Through it all, Kristine said that Grant "has been a little trooper. He's been living with spina bifida since the day he was born, so he doesn't know any different. Like any little boy his age, he can be stubborn, but he is usually very happy. The only thing he really dislikes is having blood drawn."
The Bosers have lived in West Fargo the past 6 ½ years. Kristine said the wonderful network of family and friends has been most helpful in seeing the family through the less-than-perfect times.
Here she mentions the love and support and countless 'babysitting' hours from her parents, Bill and Judy Ament from Valley City, and Craig's parents, Jim and Arlene Boser of Pierz, Minn.
"Our next-door neighbors, Lloyd and Joan Anderson are also just great," Kristine added. "Grant goes over there and plays with Lloyd and helps him with his work."
She offers similar sentiments for Craig's fellow workers at Moorhead Electric who have been supportive, as well as members of the electrical workers union (IBEW Local 1426), who donated materials for the handicapped accessible deck the Bosers built onto the front of their home that allows Grant the mobility he needs both when walking and maneuvering in his wheelchair.

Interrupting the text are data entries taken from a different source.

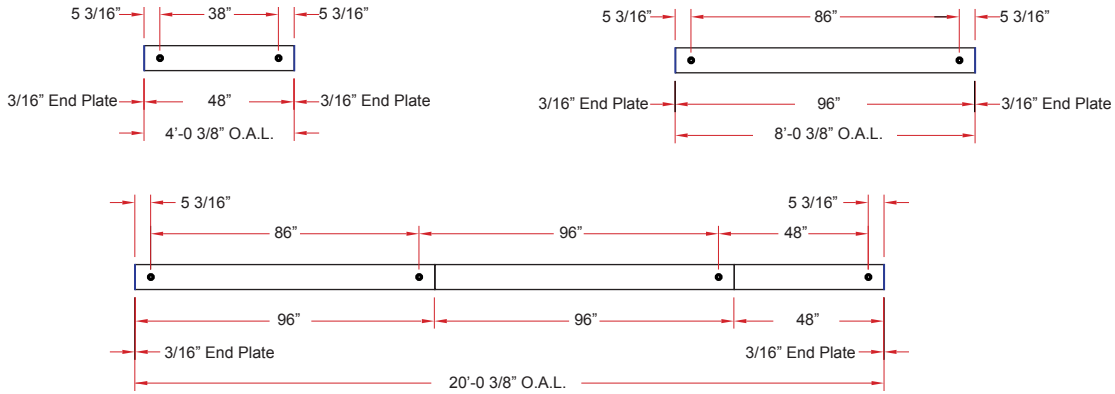

# 4 x 6/SSQ DP

**Lighting:** Direct  
**Mounting:** Pendant or Cable  
**Length:** Stocked up to 8'  
**Connectors:** Consult Factory For Details  
**Diffuser:** DR Acrylic Lens  
**Finish:** Mill Finish  
**Options:** Consult Factory

# 4 x 6/SSQ IP

**Lighting:** Indirect  
**Mounting:** Pendant or Cable  
**Length:** Stocked up to 8'  
**Connectors:** Consult Factory For Details  
**Diffuser:** DR Acrylic Lens  
**Finish:** Mill Finish  
**Options:** Consult Factory
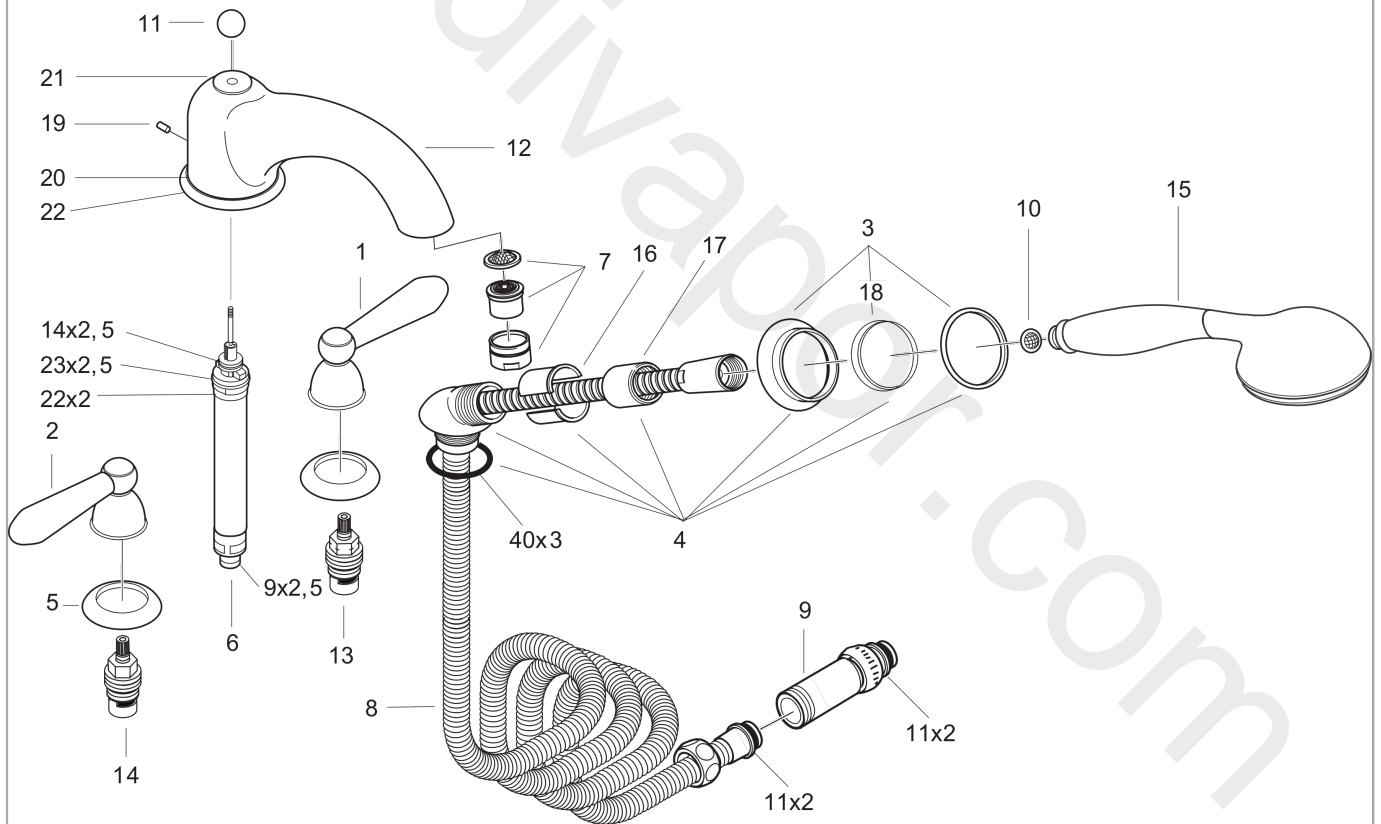

**AXOR Carlton**  
**4-hole rim mounted bath mixer with lever handles**  
 Surfaces: Article Number: **17445090**

## Exploded Drawing

Year of production: **01/00 - 03/04**

**AXOR Carlton**  
**4-hole rim mounted bath mixer with lever handles**  
 Surfaces: Article Number: **17445090**

## Spare part list

Year of production: **01/00 - 03/04**

Pos.		Article Number	Price	PU
1	handle for cold water	17296090	£ 275,00	1
2	handle for hot water	17295090	£ 275,00	1
3	escutcheon for shower holder	96237000	£ 43,00	1
4	shower holder, assy	96433000	£ 110,00	1
5	escutcheon for handle	94035000	£ 20,50	1
6	selector	94037000	£ 110,00	1
7	aerator M28x1 (25 l/min)	13485990	£ 79,00	1
8	shower hose 2,00 m	94148000	£ 79,00	1
9	back flow preventor cartridge	94146000	£ 35,00	1
10	filter packing	94246000	£ 3,30	1
11	diverter knob	94086000	£ 20,50	1
12	spout cpl.	96164000	£ 445,00	1
13	shut off unit left closing	94008000	£ 43,00	1
14	shut off unit right closing	94009000	£ 43,00	1
15	handshower	36850090	-	1
16	insert for shower holder	96942000	£ 13,30	1
17	nut	97584000	£ 16,10	1
18	escutcheon chuck	97520000	£ 13,30	1
19	hollow set screw M6x10 DIN 916	96029000	£ 3,30	1
20	deco-ring	97823990	£ 51,00	1
21	deco-ring	97824990	£ 64,00	1
22	escutcheon for spout	97956000	£ 35,00	1
a	SECUFLEX hose + long hose (max. extension 1,40 m)	94109000	£ 445,00	1
b	concealed item	13444180	£ 1.270,00	1

There are a lot of people favorites in Grant's life, but ask him and he'll quickly tell you that his brother and sister are his best buddies, lending a helping hand, leading the way and playing with their little brother every opportunity they have, whether it involves the ever-magical transformers, watching Sponge Bob or Scooby doo, or playing touch football out in the yard. In fact, Grant is candidly earnest in saying "actually I have a best buddy. That's my brother Andrew, I like to do stuff with him."
His dad, Craig, is also high on this list. "I like to play Busy, Busy Builders with him whenever I can," Grant added.
Other special likes include wheelchair soccer that he recently played in a special league in Moorhead; and all his little stuffed animal friends, in particular, his beaver-buddy, with him since his second surgery stay; and when it comes to mealtime, mac and cheese, spaghetti and pizza.
He also has a fondness for school. "She's kind of fun," Grant said about his Kindergarten teacher Mrs. Evans. "I also really liked my old school Apple Tree. Every morning in preschool McKayla and I played animals."
School has also been good for Grant, Kristine said. He is getting along fine. Math is a little more challenging, and his hand strength isn't what it should be but occupational therapy is working to correct that.
As for what the future holds, the Bosers never really know, but are enjoying Grant every minute, one day at a time. "We always worry. But worry doesn't change it and make anything better," Kristine said realistically. "We worry more about the shunts and bladder problem than whether he can walk. If the shunt fails and it doesn't get caught, he could have brain damage and kidney failure."
Pointing out the innocence and acceptance of the situation, Kristine said that it was last summer that Grant finally noticed that not every kid his age didn't walk with crutches. "It was just a realization thing, and then he went on playing. He is totally happy and well-adjusted and usually a bundle of energy, and for that we are all remarkably blessed. What he is dealing with is what makes Grant the wonderful little boy he is!"